Some of the attendees there seemed at least aware that software testing is a craft. One person used the phrase ‘exploratory testing’ in conversation without prompting. For the most part though, the type of testing they focus on is what some in the testing community now refer to as checking. The most commonly talked technique at the workshop was continually generating random input values and then analyzing the result. They called this technique fuzzing.

The conversation veered to coverage models during one of the breakout sessions. There seemed to be a common sentiment that coverage models are useless. Partly because if a person can continually pass in random values, they thought the results are approximately the same. And partly because being able to see coverage in some particular way — decision, line, method, function, variable, or whatever — doesn’t tell you much about how the program was tested or how meaningful that testing is.

Some of the presenters viewed testing as a trivial task. The presenter representing Gallios and Free & Fair, Joe Kiniry, described bugs in electronic voting machines that “Couldn’t even add 1” without adding the context that voting is a concurrent, hopefully secure, geographically distributed, and data intensive activity.

The Trading Zone

Harry Collins describes a phenomena called a trading zone in a series of essays titles Trading Zones and Interactional Expertise: Creating New Kinds of Collaboration. The basic idea is that this occurs when different fields of work collide and have to talk to each other somehow. We sometimes see this through outrage and conflict, for example the response from some CDT testers on reading the initial press release claiming the ability to create bug free software. When trading zones happen, the languages can blend to something new that both groups can understand, or the language of one group overpowers that of the other.
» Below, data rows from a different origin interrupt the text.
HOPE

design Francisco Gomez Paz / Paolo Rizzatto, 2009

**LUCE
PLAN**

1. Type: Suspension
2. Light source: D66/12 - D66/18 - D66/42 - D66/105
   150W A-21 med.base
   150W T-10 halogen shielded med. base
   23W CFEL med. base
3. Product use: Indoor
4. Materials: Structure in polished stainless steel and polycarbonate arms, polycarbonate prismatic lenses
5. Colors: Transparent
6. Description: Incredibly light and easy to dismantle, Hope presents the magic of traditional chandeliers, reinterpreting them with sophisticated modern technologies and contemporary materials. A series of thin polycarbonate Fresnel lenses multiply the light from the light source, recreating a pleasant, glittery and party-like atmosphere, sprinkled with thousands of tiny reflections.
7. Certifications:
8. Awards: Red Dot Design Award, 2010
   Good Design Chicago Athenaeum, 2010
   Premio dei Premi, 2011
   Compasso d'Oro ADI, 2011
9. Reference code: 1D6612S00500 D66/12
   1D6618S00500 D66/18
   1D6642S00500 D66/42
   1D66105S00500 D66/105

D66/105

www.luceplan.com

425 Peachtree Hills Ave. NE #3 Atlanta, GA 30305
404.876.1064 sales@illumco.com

This was my first experience with falling into a trading zone. The people participate in a specific culture. They use words different from what I am used to, for example the word invariant was commonly used to describe a program that did not match up with a specification instead of the word bug. The topic of bug-freeness was much more nuanced in person. When I asked several people, they said something like “maybe not the whole program, but at least the parts that work well with formal verification”. Since I was wading through a very obvious trading zone , I chose to use their language and asked if they were willing to refute or disprove Edsger Dijkstra’s assertion that the absence of bugs could not be proven. No one I spoke with was willing to do that.
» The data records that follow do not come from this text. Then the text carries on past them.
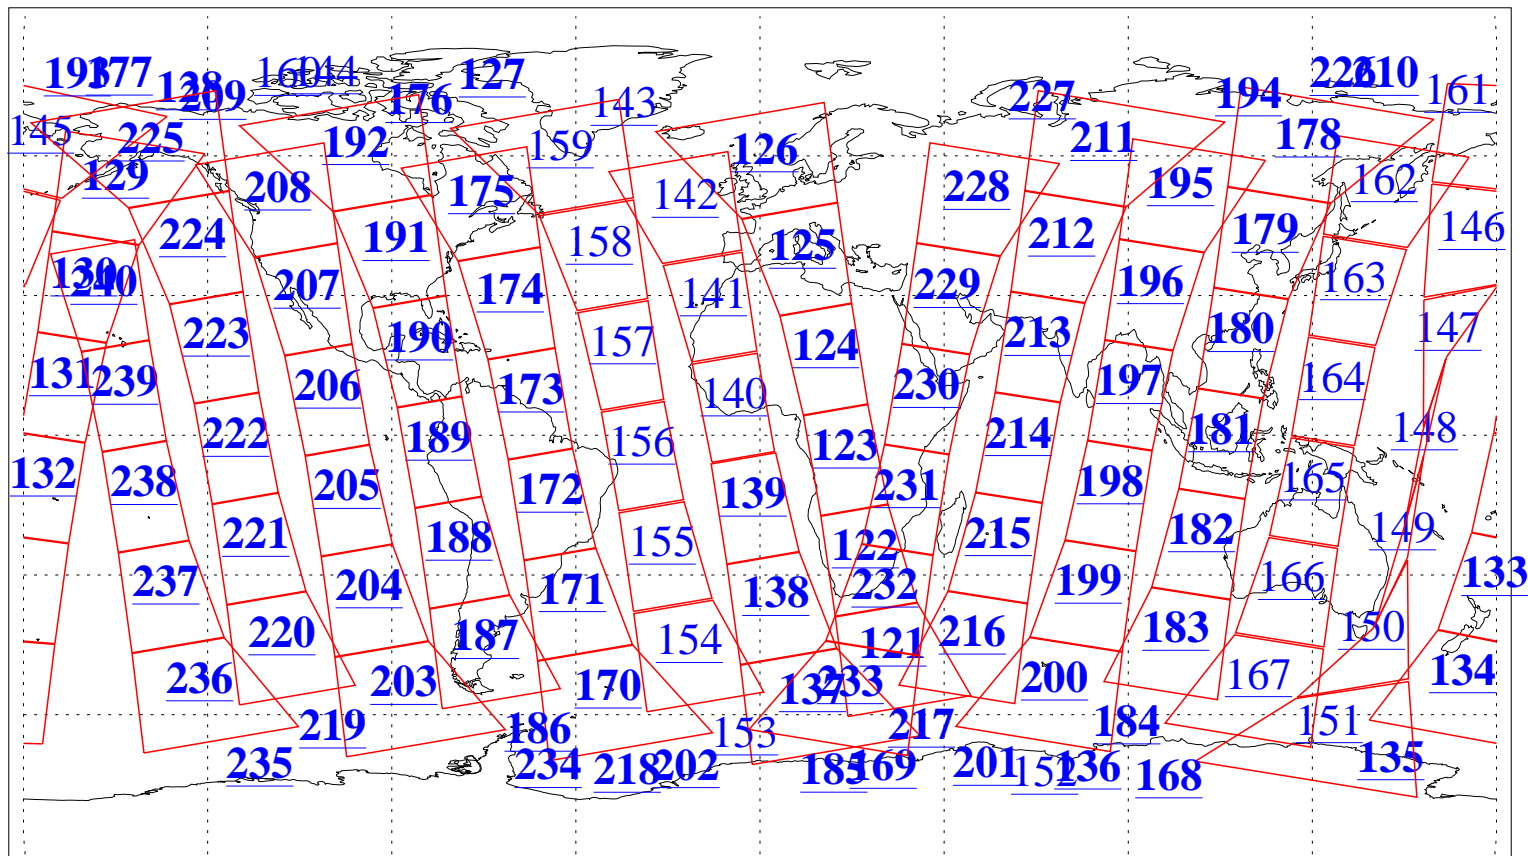

L1B Availability
AMSU Granules: 240
HSB Granules: 0
AIRS Granules: 212

29 Apr 2009
DoY 119
Aqua Day 2552
Granules: 1 to 120

Granules: 121 to 240

Legend: AMSU Available, HSB Available, AIRS Available

L1B Availability
AMSU Granules: 240
HSB Granules: 0
AIRS Granules: 212

29 Apr 2009
DoY 119
Aqua Day 2552

Ascending Granules

Descending Granules

Legend: AMSU Available, HSB Available, AIRS Available

L1B Availability
AMSU Granules: 240
HSB Granules: 0
AIRS Granules: 212

29 Apr 2009
DoY 119
Aqua Day 2552

I took a lot of pictures while I was at the workshop. Most of these pictures are from slides being presented. Some of the pictures are of buildings around the campus, the oldest of which being Nassau Hall which was completes in 1756. And, there is one picture of an unassuming white house. That is where Albert Einstein lived while he worked at Princeton. You can find those pictures here. You can get little tidbits of the workshop by looking at #deepspec on twitter.
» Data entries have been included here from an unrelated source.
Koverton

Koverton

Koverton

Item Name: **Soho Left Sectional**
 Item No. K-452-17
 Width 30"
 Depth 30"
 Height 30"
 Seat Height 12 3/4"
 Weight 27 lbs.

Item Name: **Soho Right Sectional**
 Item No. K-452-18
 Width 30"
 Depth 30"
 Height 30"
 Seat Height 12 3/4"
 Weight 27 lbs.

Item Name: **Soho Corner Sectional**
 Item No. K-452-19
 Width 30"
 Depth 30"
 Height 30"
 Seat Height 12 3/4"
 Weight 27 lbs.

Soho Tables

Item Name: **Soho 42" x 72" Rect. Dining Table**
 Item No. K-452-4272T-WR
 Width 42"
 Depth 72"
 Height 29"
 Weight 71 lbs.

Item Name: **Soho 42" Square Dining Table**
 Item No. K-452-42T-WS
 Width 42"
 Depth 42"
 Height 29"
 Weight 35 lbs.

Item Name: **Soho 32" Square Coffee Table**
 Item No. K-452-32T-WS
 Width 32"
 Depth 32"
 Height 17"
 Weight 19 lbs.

If you are aware of other academic projects related to software testing and development, please let me know.

Authors notes:

My feeling is that there is value in this project in specific areas of software development. While I know that verification based on a specification can be dangerous if that is where things stop, exploration (aka testing) of that spec could discover when important things are missing, wrong, or poorly designed. I do think they have a very big hurdle to overcome for commercial acceptance in any regard aside from research partners.

There are two big problems preventing acceptance at the moment — training and education, and performance. Writing proofs in the coq proof assistant is not equivalent to any kind of test code I have seen. To increase usage, there would need to be a large outreach from people that know how to use the proof assistant, to the industrial partners (that was part of the focus of the workshop). The other part, performance, has two prongs. Writing proofs is a time consuming activity, and running the proofs is slow and resource intensive. That slowness might be acceptable when releases happen a little less than once a year. But, it does mean more time spent struggling with tooling.